:: DATA RECORDS

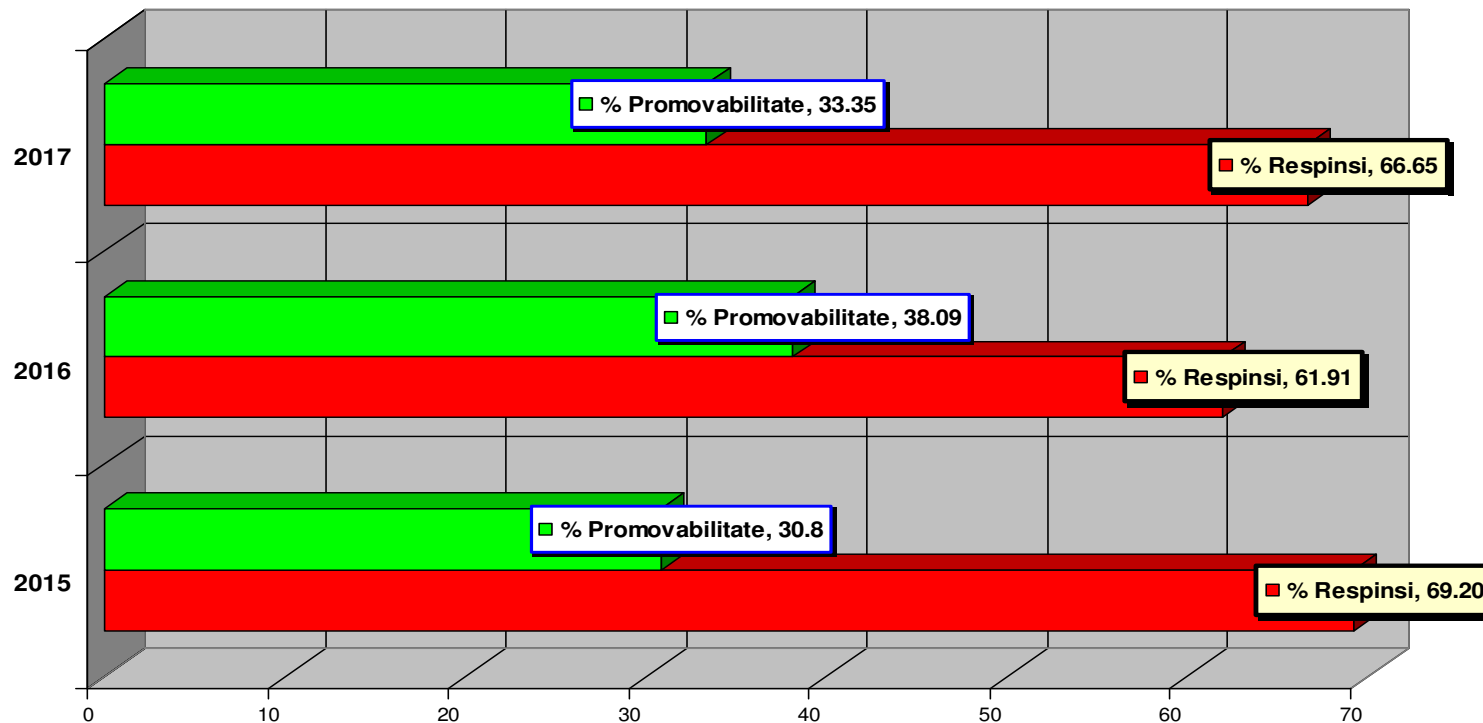

## Simulare bacalaureat 2017 - Clasa a XII-a /Comparativ cu Simulare Bac 2016 si Simulare Bac 2015

## CENTRALIZATOR LA NIVEL JUDETEAN /Situatia pe transe de medii si % de promovabilitate

TOTAL JUDET / Clasa a XII-a	Candidați înscriși	Candidați prezenți	Candidați neprezenți	Respinsi fără medii	Respinsi cu medii [5-5,98]	%	Nr. Medii [6-6,99]	Nr. Medii [7-7,99]	Nr. Medii [8-8,99]	Nr. Medii [9-9,99]	Nr. Medii 10	Nr.elevi cu medii mai mari de 6	%
2017	1831	1700	131	1004	129	66,65%	193	205	130	39	0	567	33,35%
2016	1725	1604	121	844	149	61,91%	178	204	175	53	1	611	38,09%
2015	2278	2094	184	1297	152	69,20%	215	257	142	31	0	645	30,80%

Reprezentarea Grafica / Situatie comparativa pentru 2017, 2016, 2015 -promovabilitate la nivel judetean

Inspector Scolar General,  
Prof.Luminita Rodica BARCARI
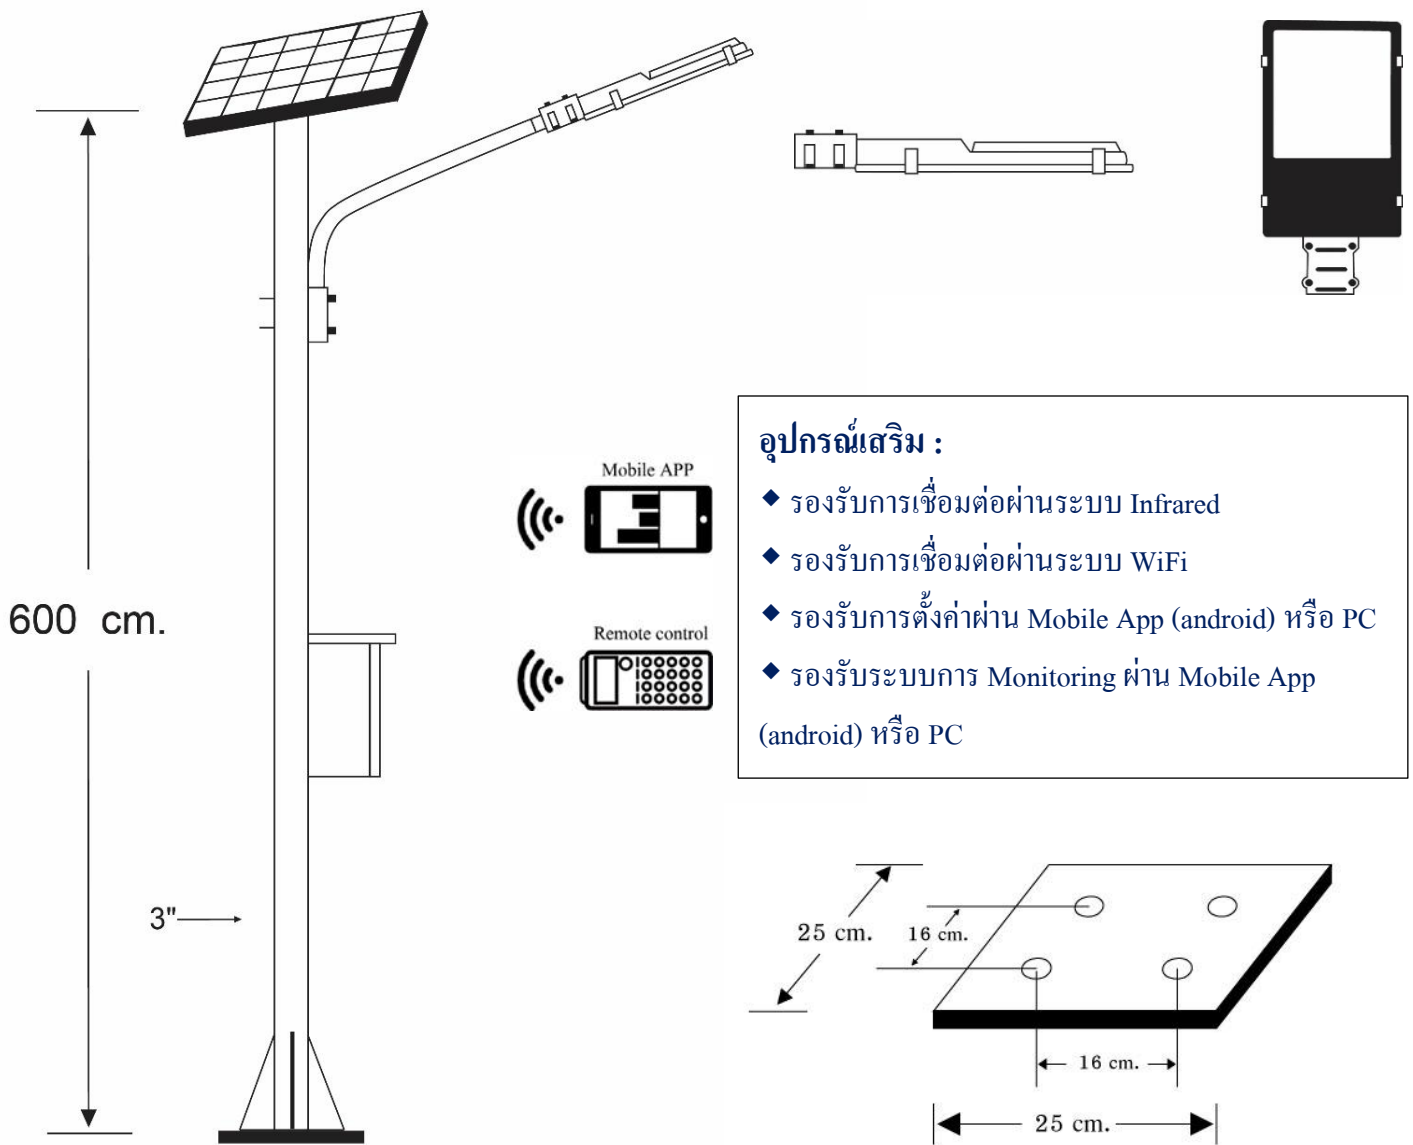

ไฟถนนพลังงานแสงอาทิตย์

Solar Street Light

ไฟถนนโซล่าเซลล์ นวัตกรรมระบบส่องสว่างที่เป็นมิตรต่อสิ่งแวดล้อม ออกแบบและผลิตโดยใช้วัสดุที่ผลิตได้ในประเทศไทยเป็นหลัก ง่ายต่อการติดตั้งและการบำรุงรักษา ด้วยชื่อเสียงที่ยาวนานกว่า 15 ปี เรามั่นใจว่าเราเป็นหนึ่งในผลิตภัณฑ์ที่ดีที่สุดและมีบริการหลังการขายที่ยอดเยี่ยม

Model : NSS-40W6

คุณสมบัติเฉพาะ

- แผง Solar Cell ขนาด 120 วัตต์ แบบ Poly or Mono Crystalline มาตรฐาน CE Standard
- เสาสูง 6 เมตรทำจากเหล็กเคลือบกัลวาไนซ์
- ตู้เหล็กควบคุมการทำงานแบบมีหลังคา กันน้ำฝนได้เป็นอย่างดี
- ให้ความสว่างด้วยหลอด LED Hi Power 40W
- ระบบควบคุมการทำงานอัตโนมัติ ทำงานโดยเปิดเองในเวลากลางคืนด้วยระบบเซ็นเซอร์ในตัว และปิดเองในตอนเช้า หรือเมื่อแบตเตอรี่อ่อน
- ควบคุมด้วยระบบการชาร์จอัจฉริยะแบบ PWM (Pulse Width Modulate) และ 3 Stage Charge
- สามารถตั้งโหมดการทำงานด้วยระบบ Infrared โดยผ่าน Application บนมือถือหรือสมาร์ตโฟนในระบบ Android (option)
- สำรองไฟ 2 วัน ในกรณีไม่มีแดด
- แบตเตอรี่แบบไม่ต้องเติมน้ำกลั่น (Free Maintenance) 12V/100AH

| | |
|--|--|
| Solar Street Light Model : NSS-40W6   | |
| รายละเอียด | |
| แผงโซลาร์เซลล์ | 120W Mono / Poly Crystalline **ปรับเปลี่ยนได้** |
| หลอดไฟ | LED Hi Power 40W |
| แบบโคม | ทรงโคมสี่เหลี่ยม ตัวเรือนทำจากอลูมิเนียม |
| ระยะเวลาส่องสว่าง | ตลอดคืน / ล้ารองไฟ 2 วัน |
| โปรแกรมการทำงาน | สามารถตั้งโหมดการทำงานผ่าน Application บนสมาร์ตโฟน (ระบบAndroid) โดยการส่งสัญญาณ Infrared , รองรับ 12V/24V, Auto/ Manual |
| แบตเตอรี่ | Free Maintenance Battery 12V/100AH **ปรับเปลี่ยนได้** |
| ความสูง (เสา) | ขนาด 6 เมตร **ปรับเปลี่ยนได้** |
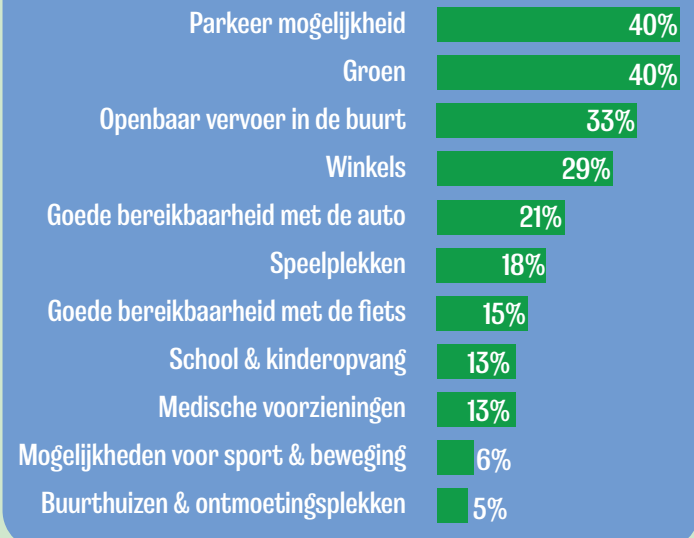

Inwonerpeiling aug 2024 NIEUWE WONINGEN

Hoe belangrijk vind je het bouwen van nieuwe woningen?

Wil je dit toelichten?

Belangrijk voor nieuwe generatie

Liever ruimte voor groen

Tekort aan woningen

Ridderkerk is vol

Te weinig betaalbare woningen

Eerst leegstand aanpakken

Voor welke groepen is een woning het hardst nodig volgens jou?

Wat voor soort woningen moeten er worden gebouwd?

Hoeveel ruimte voor nieuwe woningen zie je binnen de bebouwde kom?

Wat vind je belangrijk in de omgeving van nieuwe woningen?

Waar zie je ruimte voor nieuwe woningen binnen de bebouwde kom?

Wat heb je liever?

Wil je dit toelichten?

- Dorpse karakter behouden
- Hoogbouw slecht voor woongenot
- Hoogbouw past niet bij Ridderkerk
- Zo meer woningen mogelijk
- Er is weinig ruimte
- De nood is hoog
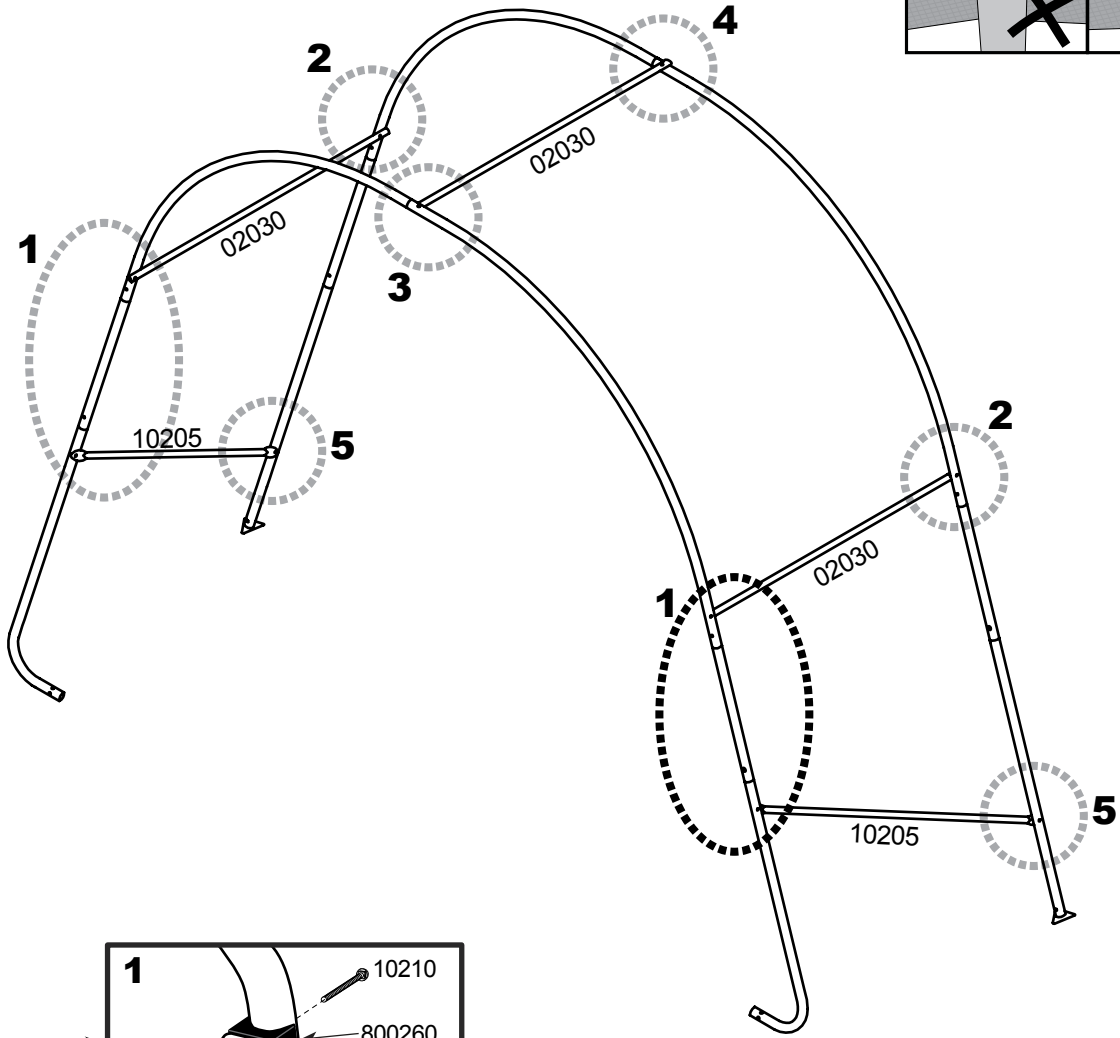

Run-in-Weidezelt 3,7 x 6,1 x 2,5 m Aufbauanleitung

#51341

Clemens **HobbyTec**

SERVICE HOTLINE

+49 (0) 6571 929 222

SERVICE@CLEMENS-HOBBYTEC.DE

CLEMENS HOBBYTEC GMBH
RUDOLF-DIESEL-STRASSE 8
D-54516 WITTLICH

WWW.CLEMENS - HOBBYTEC.DE

1	10224
2	10225
3	10226
4	10273
5	2030
6	2031
7	10110
8	10111
9	10112
10	10205
11	10270
12	669
13	10210
14	10114
15	10115
16	800260

1.

2.

3.

4.

5.

6.

✓ $X = Y$
2,5 cm

8.

9.

10.

x4

x8

11.

::::

▸ **WHAT IS NEEDED**:
Repeat each record exactly, with the pictures left out.

▸ **SOLVED EXERCISE**:
## Simulare bacalaureat 2017 - Clasa a XII-a /Comparativ cu Simulare Bac 2016 si Simulare Bac 2015

## CENTRALIZATOR LA NIVEL JUDETEAN /Situatia pe transe de medii si % de promovabilitate

TOTAL JUDET / Clasa a XII-a	Candidați înscriși	Candidați prezenți	Candidați neprezenți	Respinsi fără medii	Respinsi cu medii [5-5,98]	%	Nr. Medii [6-6,99]	Nr. Medii [7-7,99]	Nr. Medii [8-8,99]	Nr. Medii [9-9,99]	Nr. Medii 10	Nr.elevi cu medii mai mari de 6	%
2017	1831	1700	131	1004	129	66,65%	193	205	130	39	0	567	33,35%
2016	1725	1604	121	844	149	61,91%	178	204	175	53	1	611	38,09%
2015	2278	2094	184	1297	152	69,20%	215	257	142	31	0	645	30,80%

Reprezentarea Grafica / Situatie comparativa pentru 2017, 2016, 2015 -promovabilitate la nivel judetean

Inspector Scolar General,  
Prof.Luminita Rodica BARCARI

ไฟถนนพลังงานแสงอาทิตย์

Solar Street Light

ไฟถนนโซล่าเซลล์ นวัตกรรมระบบส่องสว่างที่เป็นมิตรต่อสิ่งแวดล้อม ออกแบบและผลิตโดยใช้วัสดุที่ผลิตได้ในประเทศไทยเป็นหลัก ง่ายต่อการติดตั้งและการบำรุงรักษา ด้วยชื่อเสียงที่ยาวนานกว่า 15 ปี เรามั่นใจว่าเราเป็นหนึ่งในผลิตภัณฑ์ที่ดีที่สุดและมีบริการหลังการขายที่ยอดเยี่ยม

Model : NSS-40W6

คุณสมบัติเฉพาะ

- แผง Solar Cell ขนาด 120 วัตต์ แบบ Poly or Mono Crystalline มาตรฐาน CE Standard
- เสาสูง 6 เมตรทำจากเหล็กเคลือบกัลวาไนซ์
- ตู้เหล็กควบคุมการทำงานแบบมีหลังคา กันน้ำฝนได้เป็นอย่างดี
- ให้ความสว่างด้วยหลอด LED Hi Power 40W
- ระบบควบคุมการทำงานอัตโนมัติ ทำงานโดยเปิดเองในเวลากลางคืนด้วยระบบเซ็นเซอร์ในตัว และปิดเองในตอนเช้า หรือเมื่อแบตเตอรี่อ่อน
- ควบคุมด้วยระบบการชาร์จอัจฉริยะแบบ PWM (Pulse Width Modulate) และ 3 Stage Charge
- สามารถตั้งโหมดการทำงานด้วยระบบ Infrared โดยผ่าน Application บนมือถือหรือสมาร์ตโฟนในระบบ Android (option)
- สำรองไฟ 2 วัน ในกรณีไม่มีแดด
- แบตเตอรี่แบบไม่ต้องเติมน้ำกลั่น (Free Maintenance) 12V/100AH

| | |
|--|--|
| Solar Street Light Model : NSS-40W6   | |
| รายละเอียด | |
| แผงโซลาร์เซลล์ | 120W Mono / Poly Crystalline **ปรับเปลี่ยนได้** |
| หลอดไฟ | LED Hi Power 40W |
| แบบโคม | ทรงโคมสี่เหลี่ยม ตัวเรือนทำจากอลูมิเนียม |
| ระยะเวลาส่องสว่าง | ตลอดคืน / ล้ารองไฟ 2 วัน |
| โปรแกรมการทำงาน | สามารถตั้งโหมดการทำงานผ่าน Application บนสมาร์ตโฟน (ระบบAndroid) โดยการส่งสัญญาณ Infrared , รองรับ 12V/24V, Auto/ Manual |
| แบตเตอรี่ | Free Maintenance Battery 12V/100AH **ปรับเปลี่ยนได้** |
| ความสูง (เสา) | ขนาด 6 เมตร **ปรับเปลี่ยนได้** |

Inwonerpeiling aug 2024 NIEUWE WONINGEN

Hoe belangrijk vind je het bouwen van nieuwe woningen?

Wil je dit toelichten?

Belangrijk voor nieuwe generatie

Liever ruimte voor groen

Tekort aan woningen

Ridderkerk is vol

Te weinig betaalbare woningen

Eerst leegstand aanpakken

Voor welke groepen is een woning het hardst nodig volgens jou?

Wat voor soort woningen moeten er worden gebouwd?

Hoeveel ruimte voor nieuwe woningen zie je binnen de bebouwde kom?

Wat vind je belangrijk in de omgeving van nieuwe woningen?

Waar zie je ruimte voor nieuwe woningen binnen de bebouwde kom?

Wat heb je liever?

Wil je dit toelichten?

- Dorpse karakter behouden
- Hoogbouw slecht voor woongenot
- Hoogbouw past niet bij Ridderkerk
- Zo meer woningen mogelijk
- Er is weinig ruimte
- De nood is hoog

Run-in-Weidezelt 3,7 x 6,1 x 2,5 m Aufbauanleitung

#51341

Clemens **HobbyTec**

SERVICE HOTLINE

+49 (0) 6571 929 222

SERVICE@CLEMENS-HOBBYTEC.DE

CLEMENS HOBBYTEC GMBH
RUDOLF-DIESEL-STRASSE 8
D-54516 WITTLICH

WWW.CLEMENS - HOBBYTEC.DE

1	10224
2	10225
3	10226
4	10273
5	2030
6	2031
7	10110
8	10111
9	10112
10	10205
11	10270
12	669
13	10210
14	10114
15	10115
16	800260

1.

2.

3.

4.

5.

6.

✓ $X = Y$
2,5 cm

8.

9.

10.

x4

x8

11.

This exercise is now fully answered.